-- TASK REQUIREMENTS --
Set down again exactly the lines of the listing below that fall between the line holding "Polling Station Front View" and the line holding "Key MAP View", inclusive.

RECORDS SHOWN section start

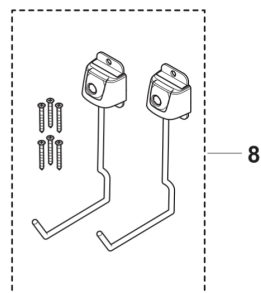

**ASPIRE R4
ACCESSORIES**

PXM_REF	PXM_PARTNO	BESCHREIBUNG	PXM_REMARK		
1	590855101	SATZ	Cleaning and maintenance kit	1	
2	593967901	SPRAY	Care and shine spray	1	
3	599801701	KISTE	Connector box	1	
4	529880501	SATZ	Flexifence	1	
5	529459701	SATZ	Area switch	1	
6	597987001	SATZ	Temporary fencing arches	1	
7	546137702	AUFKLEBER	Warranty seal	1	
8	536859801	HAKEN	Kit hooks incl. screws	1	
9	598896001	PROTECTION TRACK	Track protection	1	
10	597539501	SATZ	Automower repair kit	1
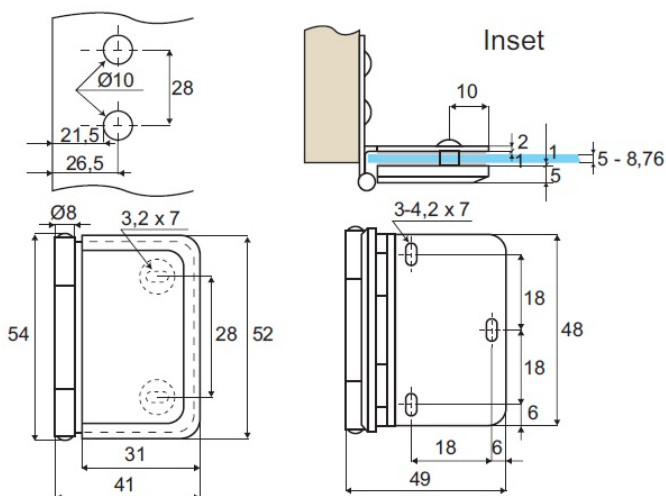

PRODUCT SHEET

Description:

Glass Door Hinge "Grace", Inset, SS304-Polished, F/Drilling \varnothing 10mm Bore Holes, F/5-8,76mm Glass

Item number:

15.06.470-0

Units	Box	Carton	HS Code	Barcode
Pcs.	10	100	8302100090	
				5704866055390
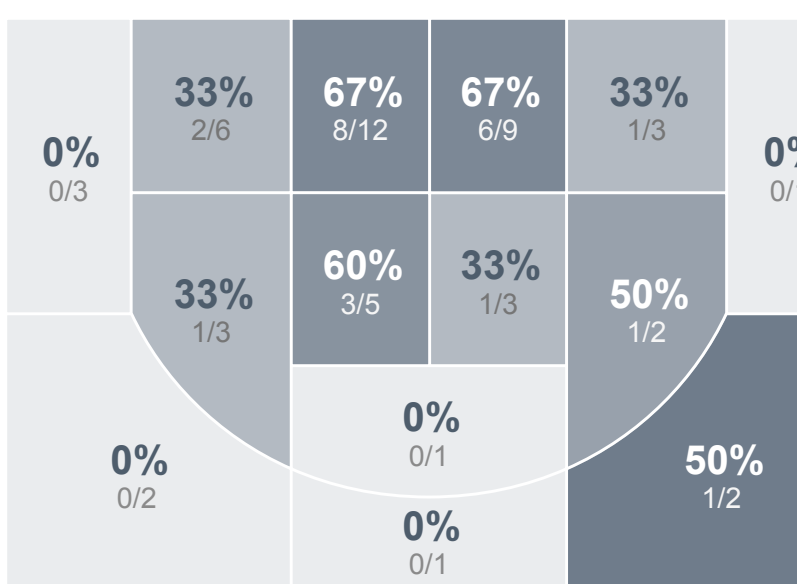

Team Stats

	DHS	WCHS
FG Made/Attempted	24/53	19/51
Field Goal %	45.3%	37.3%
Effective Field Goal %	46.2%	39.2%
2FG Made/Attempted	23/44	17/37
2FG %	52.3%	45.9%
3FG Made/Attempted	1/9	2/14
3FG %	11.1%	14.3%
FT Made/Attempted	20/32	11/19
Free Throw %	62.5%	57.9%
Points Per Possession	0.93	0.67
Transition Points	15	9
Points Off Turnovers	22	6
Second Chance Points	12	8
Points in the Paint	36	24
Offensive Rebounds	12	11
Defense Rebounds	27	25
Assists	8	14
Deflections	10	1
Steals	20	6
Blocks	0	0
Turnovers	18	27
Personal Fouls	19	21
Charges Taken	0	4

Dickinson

RECORDS SHOWN section end
RECORDS SHOWN section start

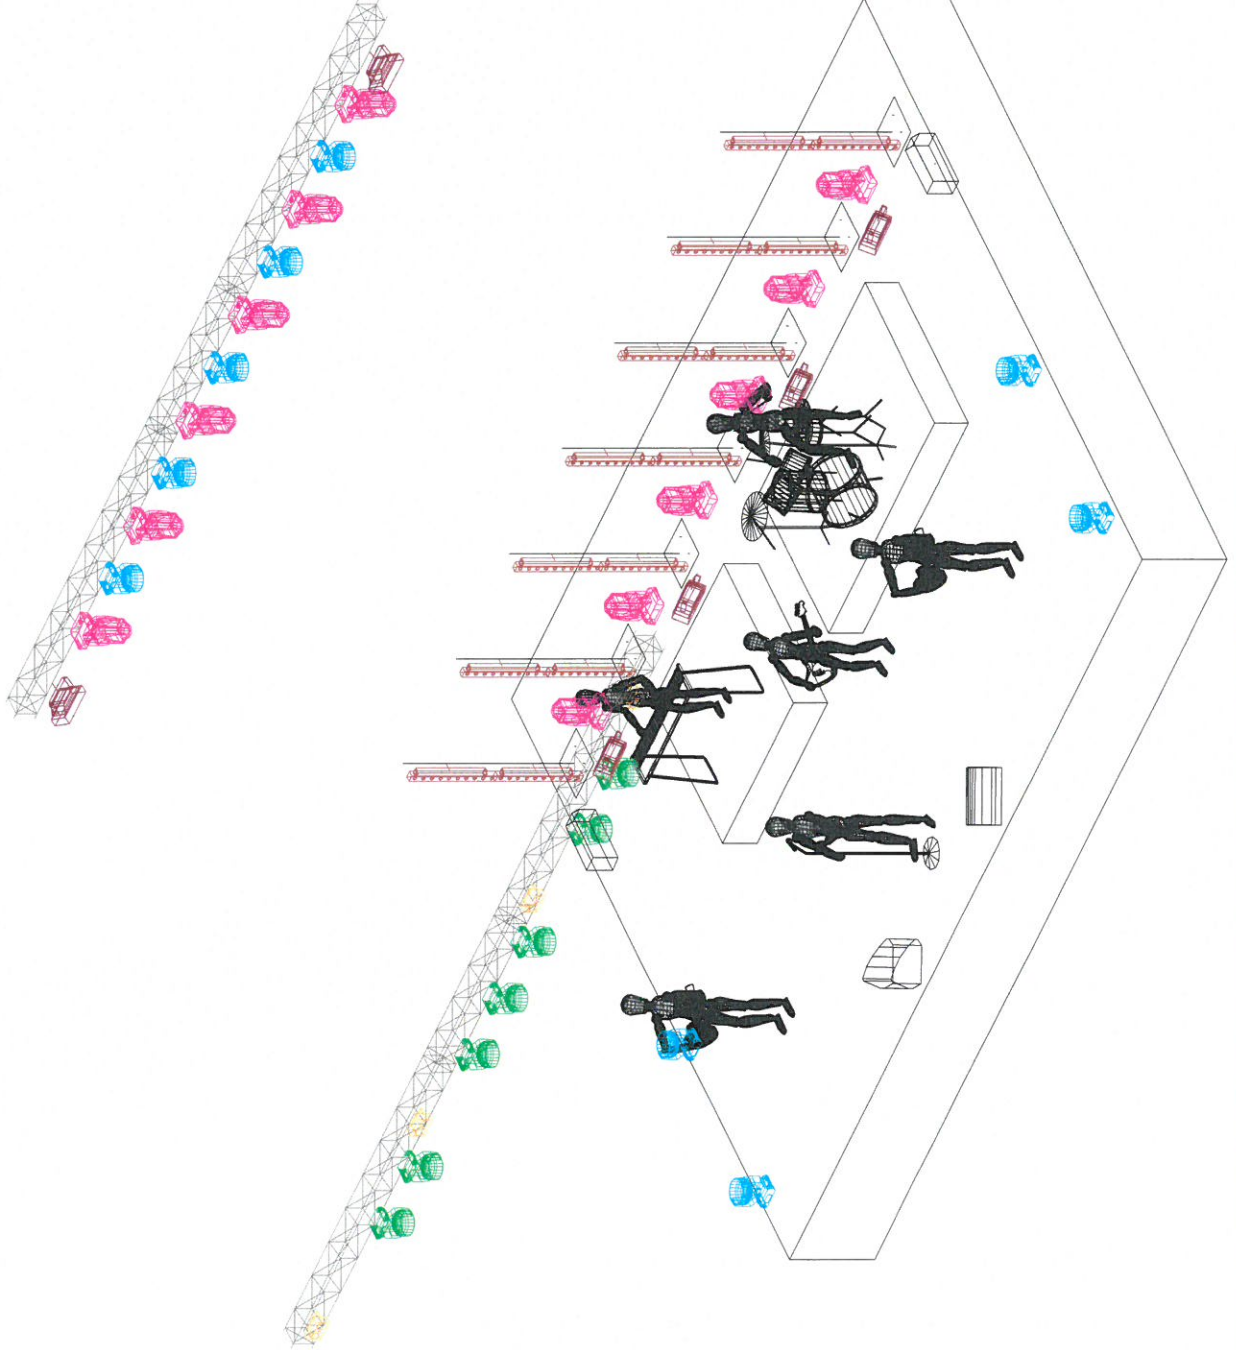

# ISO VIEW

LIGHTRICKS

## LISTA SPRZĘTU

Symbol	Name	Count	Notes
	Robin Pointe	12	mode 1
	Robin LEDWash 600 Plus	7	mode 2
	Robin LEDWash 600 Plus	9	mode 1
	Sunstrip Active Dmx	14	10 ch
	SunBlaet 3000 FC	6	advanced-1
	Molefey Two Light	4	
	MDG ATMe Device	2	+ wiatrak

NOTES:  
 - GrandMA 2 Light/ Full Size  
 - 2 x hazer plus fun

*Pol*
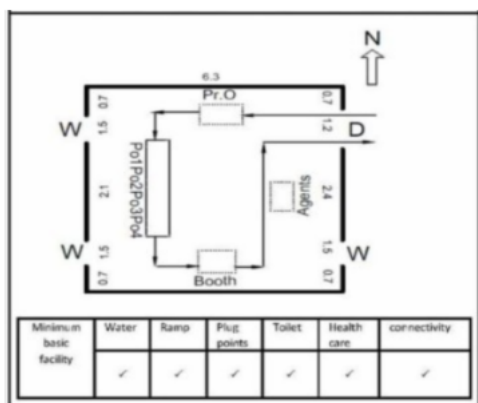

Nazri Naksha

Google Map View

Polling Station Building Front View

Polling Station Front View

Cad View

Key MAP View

RECORDS SHOWN section end
RECORDS SHOWN section start

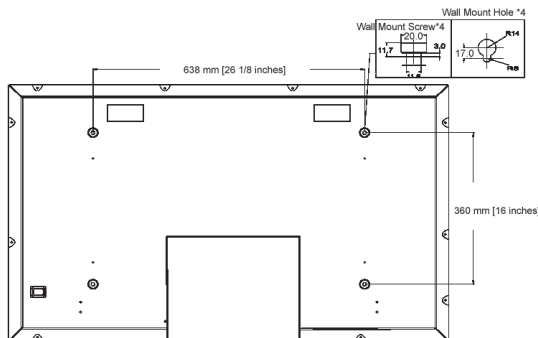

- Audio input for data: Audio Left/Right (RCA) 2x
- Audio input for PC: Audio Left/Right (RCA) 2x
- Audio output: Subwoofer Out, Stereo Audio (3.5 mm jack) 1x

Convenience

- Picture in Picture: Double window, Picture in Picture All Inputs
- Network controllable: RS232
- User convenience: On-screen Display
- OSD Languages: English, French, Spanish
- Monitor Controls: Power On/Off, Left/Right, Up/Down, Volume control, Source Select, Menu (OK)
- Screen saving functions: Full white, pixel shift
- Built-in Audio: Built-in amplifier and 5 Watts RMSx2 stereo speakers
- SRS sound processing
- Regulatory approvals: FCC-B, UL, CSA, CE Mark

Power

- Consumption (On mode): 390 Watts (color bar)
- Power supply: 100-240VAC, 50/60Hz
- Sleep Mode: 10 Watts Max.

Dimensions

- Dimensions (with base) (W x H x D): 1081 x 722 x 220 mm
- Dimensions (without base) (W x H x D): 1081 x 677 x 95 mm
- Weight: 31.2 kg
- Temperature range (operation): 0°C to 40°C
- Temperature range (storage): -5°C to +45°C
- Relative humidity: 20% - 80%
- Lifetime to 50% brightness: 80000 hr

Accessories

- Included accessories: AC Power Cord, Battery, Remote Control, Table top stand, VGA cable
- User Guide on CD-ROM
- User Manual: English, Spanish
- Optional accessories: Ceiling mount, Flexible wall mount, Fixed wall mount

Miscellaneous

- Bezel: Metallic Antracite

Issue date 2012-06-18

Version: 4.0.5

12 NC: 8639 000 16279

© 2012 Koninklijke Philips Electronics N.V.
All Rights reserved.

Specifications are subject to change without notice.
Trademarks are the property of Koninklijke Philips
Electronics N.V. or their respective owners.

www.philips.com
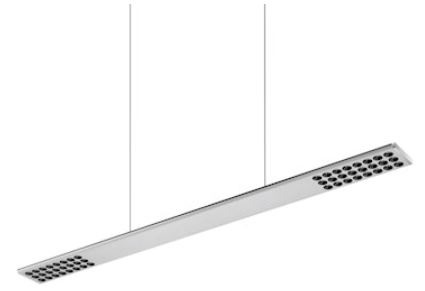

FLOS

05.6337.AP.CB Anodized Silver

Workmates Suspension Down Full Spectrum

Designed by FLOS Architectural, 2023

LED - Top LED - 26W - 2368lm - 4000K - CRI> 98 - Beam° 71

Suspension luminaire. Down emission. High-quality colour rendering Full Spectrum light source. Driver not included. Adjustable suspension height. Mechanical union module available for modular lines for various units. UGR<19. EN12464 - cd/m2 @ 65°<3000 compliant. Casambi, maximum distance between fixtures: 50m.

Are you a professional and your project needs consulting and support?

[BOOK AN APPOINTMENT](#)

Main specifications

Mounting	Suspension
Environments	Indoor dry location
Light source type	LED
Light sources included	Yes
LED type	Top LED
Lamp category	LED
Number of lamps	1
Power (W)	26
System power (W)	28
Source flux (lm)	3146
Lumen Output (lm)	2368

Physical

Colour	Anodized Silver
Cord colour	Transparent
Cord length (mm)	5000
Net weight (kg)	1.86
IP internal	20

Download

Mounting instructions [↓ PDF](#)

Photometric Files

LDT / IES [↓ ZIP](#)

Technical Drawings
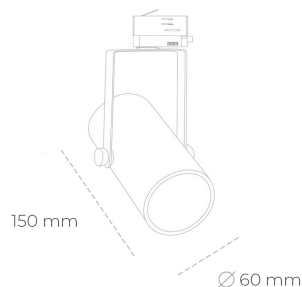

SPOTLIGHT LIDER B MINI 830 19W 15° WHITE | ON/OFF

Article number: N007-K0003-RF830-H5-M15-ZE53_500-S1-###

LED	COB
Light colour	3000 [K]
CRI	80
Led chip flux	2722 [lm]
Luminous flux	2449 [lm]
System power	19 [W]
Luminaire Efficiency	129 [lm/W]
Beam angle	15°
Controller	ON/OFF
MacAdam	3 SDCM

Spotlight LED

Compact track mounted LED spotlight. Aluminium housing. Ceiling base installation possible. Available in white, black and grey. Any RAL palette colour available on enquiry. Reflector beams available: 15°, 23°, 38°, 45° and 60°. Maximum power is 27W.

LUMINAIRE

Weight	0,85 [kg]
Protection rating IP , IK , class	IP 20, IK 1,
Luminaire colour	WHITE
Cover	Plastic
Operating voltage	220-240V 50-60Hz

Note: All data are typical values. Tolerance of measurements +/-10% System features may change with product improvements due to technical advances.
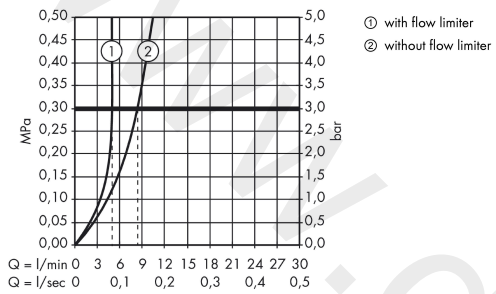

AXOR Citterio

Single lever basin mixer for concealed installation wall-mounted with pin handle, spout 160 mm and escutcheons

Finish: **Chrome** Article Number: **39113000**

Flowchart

RECORDS SHOWN section end

-- RESPONSE BOX --
Polling Station Front View

Cad View

Key MAP View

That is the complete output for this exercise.